» **What you should do**: Transcribe the entries that follow exactly as they appear, minus pictures.

▼

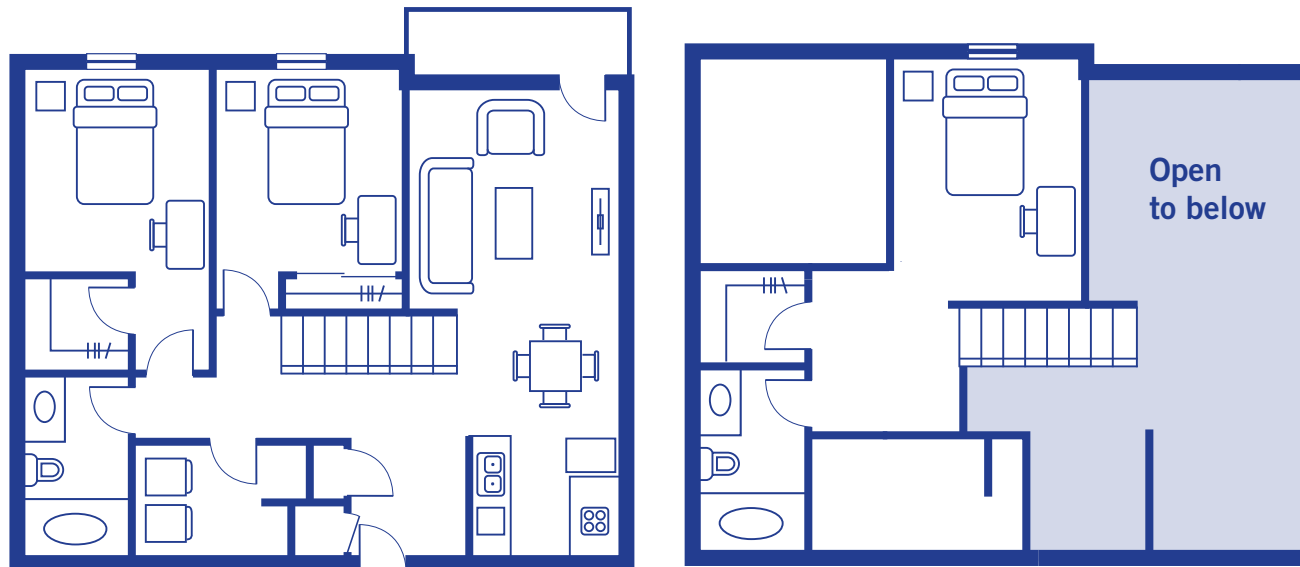

1,351 sq ft

F2-B 3 BEDROOM, 2 BATH

706-227-6222

LarkAthens.com

1,355 - 1,361 sq ft

F2-C 3 BEDROOM, 2 BATH

706-227-6222

LarkAthens.com

1,409 sq ft

L2-A 3 BEDROOM, 2 BATH TOWNHOME

706-227-6222

[LarkAthens.com](https://www.LarkAthens.com)

1,383 sq ft

L2-B 3 BEDROOM, 2 BATH TOWNHOME

706-227-6222

LarkAthens.com
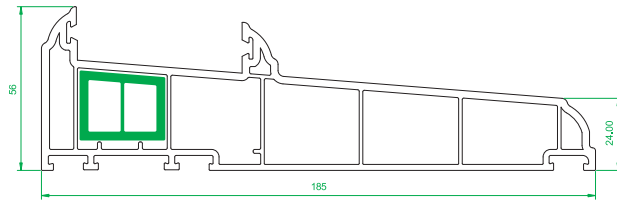

4001
Outer Frame

4002
Small Sash

4003
Medium Sash

4005
150mm Cill

4006
185mm Cill

4007
225mm Cill

4008
24mm Ovolo Co Ex
Glazing Bead

4009
24mm Square Co Ex
Glazing Bead

4010
Interlock

4012
Sash Stop

4013
Sash Stop with upstand

4101
Astragal Bar

4120
20mm Add On

4401
Thermal Insert
For 4001 Outer Frame

4402
Thermal Insert
For 4003 Medium Sash

4403
Thermal Insert
For 4002 Small Sash
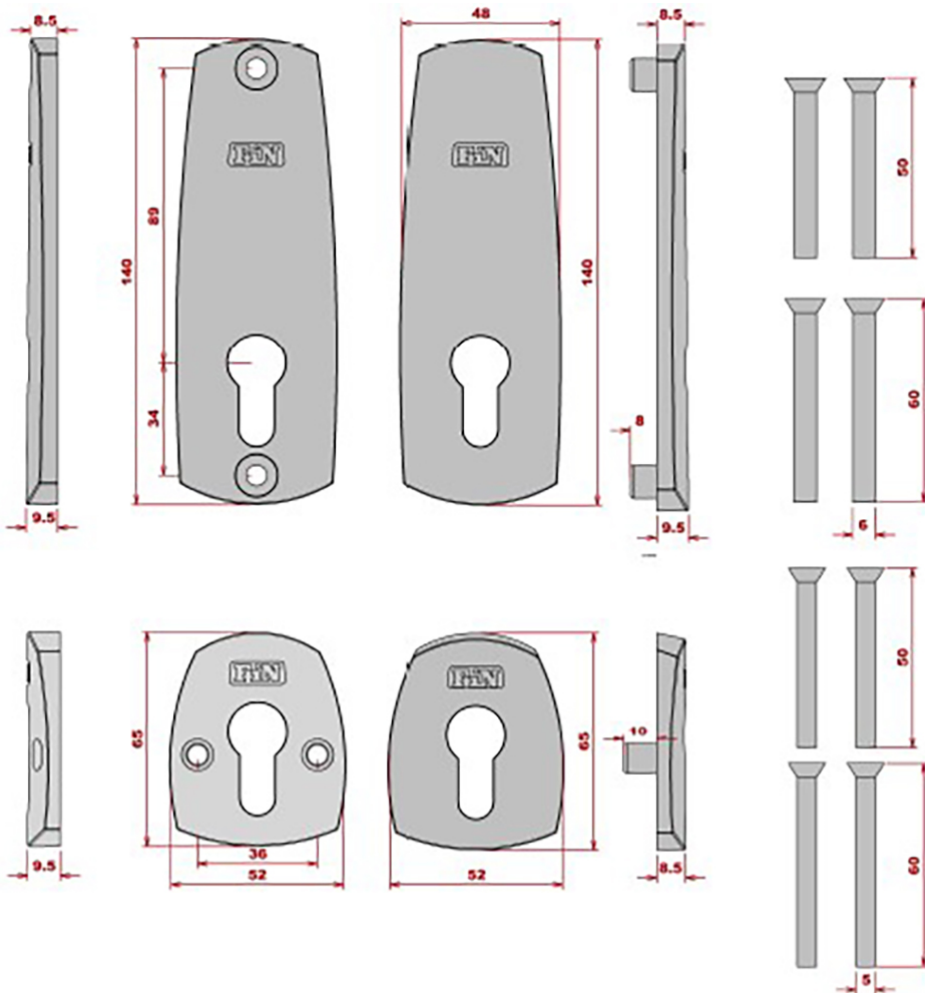

High Security Triple Front Door Lock Kit - Auto Locking BS8621 Mortice Nightlatch & BS3621 Mortice Dead Lock & BS8621 Mortice Dead Lock - Antique Brass (Lacquered)

Product Images

Short Description

- **Keyed Alike (KA)**
- A keyed alike Euro cylinder is a type of lock cylinder that can be opened by the same key.
- It is designed for use in situations where multiple locks are needed, but it is inconvenient to carry different keys for each lock.
- Keyed alike means that all the locks in a set have the same key combination, allowing one key to open all the locks in the set.
- The keyed alike Euro cylinder is a popular option for homes and businesses where several doors need to be secured with the same key for ease of use and convenience.
- They can be used for exterior or interior doors, and they come in different sizes to fit various types of doors.

Description

- Ultra-secure with 2 simultaneously deadbolting plus a manual deadbolt, ideal for busy built-up areas.
- High Security Triple Front Door Lock Kit
- Auto Locking
- 1 x BS8621 automatic deadbolt lock (top)
- 1 x BS3621 kitemarked manual deadbolt lock (centre)
- 1 x BS8621 automatic deadbolt lock (bottom)
- Locks keyed alike, one key opens both locks
- Registered keys cannot be copied without permission
- ABS 3 star Kitemarked cylinders with 3 keys
- Snib button to temporarily disable deadbolt
- Drill resistant lock cases, saw resistant deadbolts

Finish

- Antique Brass plated

Dimensions

Standards This Product Conforms To

Insurance Compliant

- Manual deadbolt is BS3621 certified and kitemarked
- Automatic deadbolt is BS8621 certified.

Tested to British Standards

virtually impossible.

- Supplied with three keys.
- Maximum door thickness 54mm (for thicker doors please contact us).

Unit Of Sale

- Set - (1x Night Latch, 1x Dead Lock, 1x Auto Dead Lock, 3x Euro Cylinders, 4x Security Escutcheons, 2x Security Pull Escutcheons)
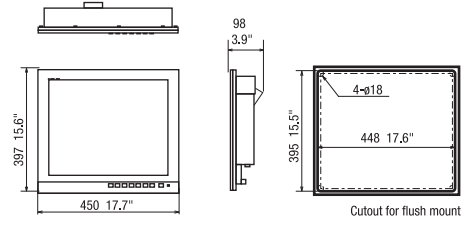

MU-192HD
Flush Mount
6.6 kg 14.5 lb

▲

» **Solution to the problem**:
1,351 sq ft

F2-B 3 BEDROOM, 2 BATH

706-227-6222

LarkAthens.com

1,355 - 1,361 sq ft

F2-C 3 BEDROOM, 2 BATH

706-227-6222

LarkAthens.com

1,409 sq ft

L2-A 3 BEDROOM, 2 BATH TOWNHOME

706-227-6222

[LarkAthens.com](https://www.LarkAthens.com)

1,383 sq ft

L2-B 3 BEDROOM, 2 BATH TOWNHOME

706-227-6222

LarkAthens.com

4001
Outer Frame

4002
Small Sash

4003
Medium Sash

4005
150mm Cill

4006
185mm Cill

4007
225mm Cill

4008
24mm Ovolo Co Ex
Glazing Bead

4009
24mm Square Co Ex
Glazing Bead

4010
Interlock

4012
Sash Stop

4013
Sash Stop with upstand

4101
Astragal Bar

4120
20mm Add On

4401
Thermal Insert
For 4001 Outer Frame

4402
Thermal Insert
For 4003 Medium Sash

4403
Thermal Insert
For 4002 Small Sash

High Security Triple Front Door Lock Kit - Auto Locking BS8621 Mortice Nightlatch & BS3621 Mortice Dead Lock & BS8621 Mortice Dead Lock - Antique Brass (Lacquered)

Product Images

Short Description

- **Keyed Alike (KA)**
- A keyed alike Euro cylinder is a type of lock cylinder that can be opened by the same key.
- It is designed for use in situations where multiple locks are needed, but it is inconvenient to carry different keys for each lock.
- Keyed alike means that all the locks in a set have the same key combination, allowing one key to open all the locks in the set.
- The keyed alike Euro cylinder is a popular option for homes and businesses where several doors need to be secured with the same key for ease of use and convenience.
- They can be used for exterior or interior doors, and they come in different sizes to fit various types of doors.

Description

- Ultra-secure with 2 simultaneously deadbolting plus a manual deadbolt, ideal for busy built-up areas.
- High Security Triple Front Door Lock Kit
- Auto Locking
- 1 x BS8621 automatic deadbolt lock (top)
- 1 x BS3621 kitemarked manual deadbolt lock (centre)
- 1 x BS8621 automatic deadbolt lock (bottom)
- Locks keyed alike, one key opens both locks
- Registered keys cannot be copied without permission
- ABS 3 star Kitemarked cylinders with 3 keys
- Snib button to temporarily disable deadbolt
- Drill resistant lock cases, saw resistant deadbolts

Finish

- Antique Brass plated

Dimensions

Standards This Product Conforms To

Insurance Compliant

- Manual deadbolt is BS3621 certified and kitemarked
- Automatic deadbolt is BS8621 certified.

Tested to British Standards

virtually impossible.

- Supplied with three keys.
- Maximum door thickness 54mm (for thicker doors please contact us).

Unit Of Sale

- Set - (1x Night Latch, 1x Dead Lock, 1x Auto Dead Lock, 3x Euro Cylinders, 4x Security Escutcheons, 2x Security Pull Escutcheons)

MU-192HD
Flush Mount
6.6 kg 14.5 lb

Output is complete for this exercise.